Records from a data collection:
== Segment start ==
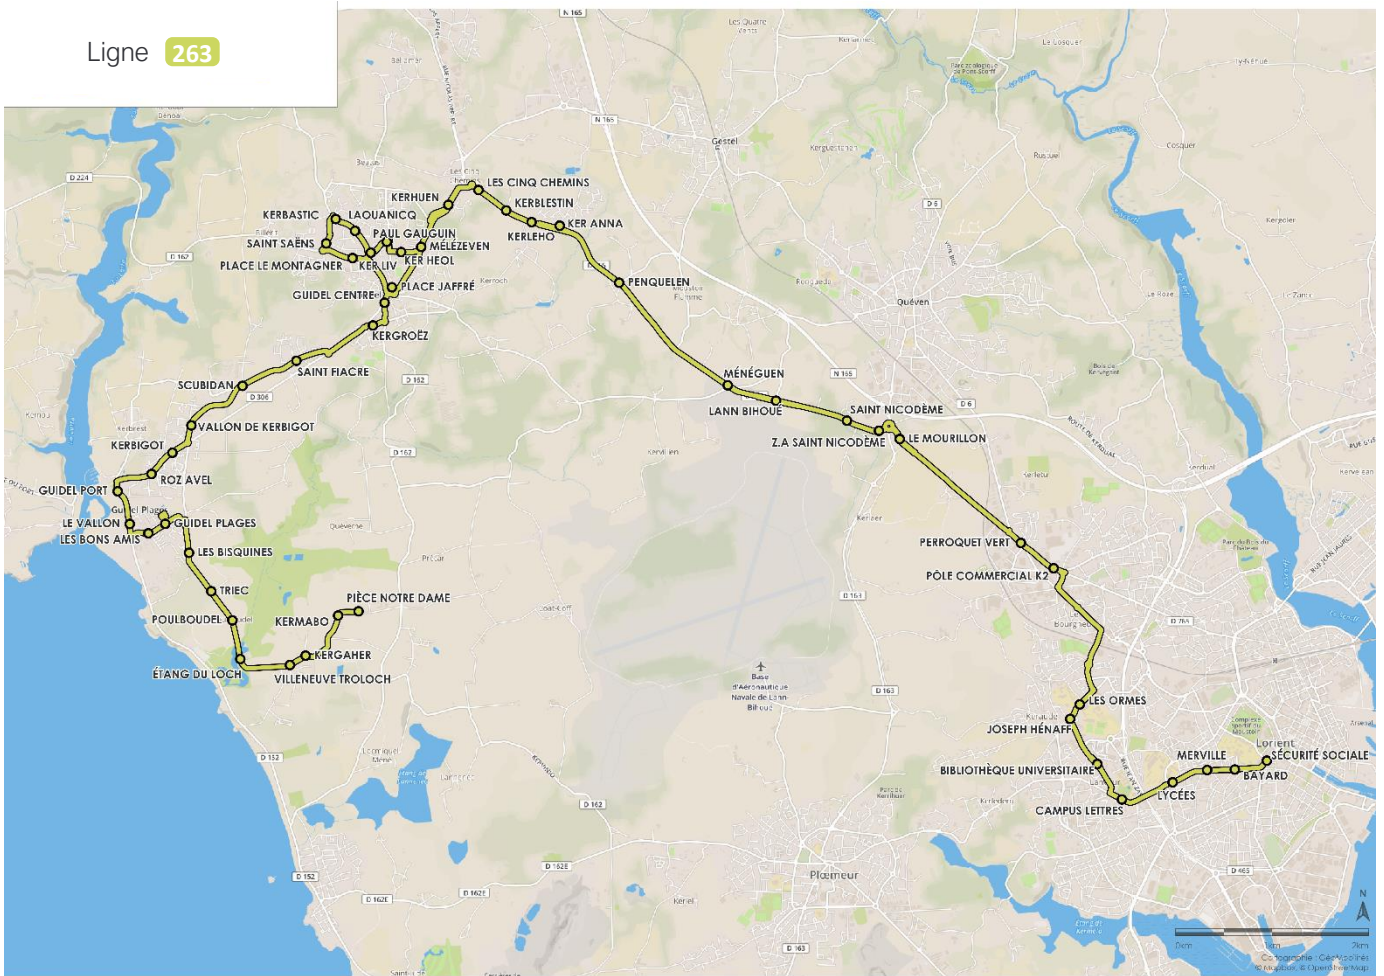

Ligne **263**

Téléchargez l'appli **gratuitement** !

[izilo.bzh](http://izilo.bzh)

263

Ligne 263 > ALLER		Lundi à vendredi	
		Entrée de 8h	
		263 A	263 B
GUIDEL	PIECES DE NOTRE DAME		
.	KERMABO		06:48
.	KERGAHER		06:49
.	VILLENEUVE TROLOCH		06:50
.	ETANG DU LOCH		06:51
.	POULBOUDEL		06:52
.	TRIEC		06:53
.	LES BISQUINES		06:54
.	GUIDEL PLAGES		06:55
.	LES BONS AMIS		06:56
.	LE VALLON		06:57
.	GUIDEL PORT		06:58
.	ROZ AVEL		06:59
.	KERBIGOT		07:00
.	VALLON DE KERBIGOT		07:01
.	SCUBIDAN		07:02
.	SAINT FIACRE		07:03
.	KERGROEZ		07:04
.	GUIDEL CENTRE	07:03	08:09
.	PLACE JAFFRE	07:04	08:10
.	PLACE MONTAGNER	07:05	08:11
.	SAINT SAENS	07:06	08:12
.	KERBASTIC	07:07	08:13
.	LAOUANICQ	07:08	08:14
.	KER LIV	07:09	08:15
.	PAUL GAUGUIN	07:10	08:16
.	KER HEOL	07:10	08:16
.	MELEZEVEN	07:11	07:11
.	KERHUEN	07:12	07:12
.	LES CINQ CHEMINS	07:13	07:13
.	KERBLESTIN		08:20
.	KERLEHO		08:20
.	KER ANNA		08:21
QUÉVEN	PENQUELEN		08:23
.	MENEGUEN		08:24
.	LANN BIHOUE		08:26
.	SAINT NICODEME		08:28
.	Z:A: SAINT NICODÈME		08:28
.	LE MOURILLON		08:29
LORIENT	PERROQUET VERT		08:32
.	PÔLE COMMERCIAL K2		08:33
.	LES ORMES	07:30	07:30
.	JOSEPH HENAFF	07:31	07:31
.	BIBLIOTHEQUE UNIVERSITAIRE	07:32	07:33
.	CAMPUS LETTRES	07:34	07:35
.	LYCÉES	07:36	07:37
.	BAYARD	07:38	07:39
.	SÉCURITÉ SOCIALE	07:39	07:40
== Segment end ==
**Work order:**
Any picture found in the data is to be skipped while the rest is copied exactly.

**Answer section:**
Ligne **263**

Téléchargez l'appli **gratuitement** !

[izilo.bzh](http://izilo.bzh)

263

Ligne 263 > ALLER		Lundi à vendredi	
		Entrée de 8h	
		263 A	263 B
GUIDEL	PIECES DE NOTRE DAME		
.	KERMABO		06:48
.	KERGAHER		06:49
.	VILLENEUVE TROLOCH		06:50
.	ETANG DU LOCH		06:51
.	POULBOUDEL		06:52
.	TRIEC		06:53
.	LES BISQUINES		06:54
.	GUIDEL PLAGES		06:55
.	LES BONS AMIS		06:56
.	LE VALLON		06:57
.	GUIDEL PORT		06:58
.	ROZ AVEL		06:59
.	KERBIGOT		07:00
.	VALLON DE KERBIGOT		07:01
.	SCUBIDAN		07:02
.	SAINT FIACRE		07:03
.	KERGROEZ		07:04
.	GUIDEL CENTRE	07:03	08:09
.	PLACE JAFFRE	07:04	08:10
.	PLACE MONTAGNER	07:05	08:11
.	SAINT SAENS	07:06	08:12
.	KERBASTIC	07:07	08:13
.	LAOUANICQ	07:08	08:14
.	KER LIV	07:09	08:15
.	PAUL GAUGUIN	07:10	08:16
.	KER HEOL	07:10	08:16
.	MELEZEVEN	07:11	07:11
.	KERHUEN	07:12	07:12
.	LES CINQ CHEMINS	07:13	07:13
.	KERBLESTIN		08:20
.	KERLEHO		08:20
.	KER ANNA		08:21
QUÉVEN	PENQUELEN		08:23
.	MENEGUEN		08:24
.	LANN BIHOUE		08:26
.	SAINT NICODEME		08:28
.	Z:A: SAINT NICODÈME		08:28
.	LE MOURILLON		08:29
LORIENT	PERROQUET VERT		08:32
.	PÔLE COMMERCIAL K2		08:33
.	LES ORMES	07:30	07:30
.	JOSEPH HENAFF	07:31	07:31
.	BIBLIOTHEQUE UNIVERSITAIRE	07:32	07:33
.	CAMPUS LETTRES	07:34	07:35
.	LYCÉES	07:36	07:37
.	BAYARD	07:38	07:39
.	SÉCURITÉ SOCIALE	07:39	07:40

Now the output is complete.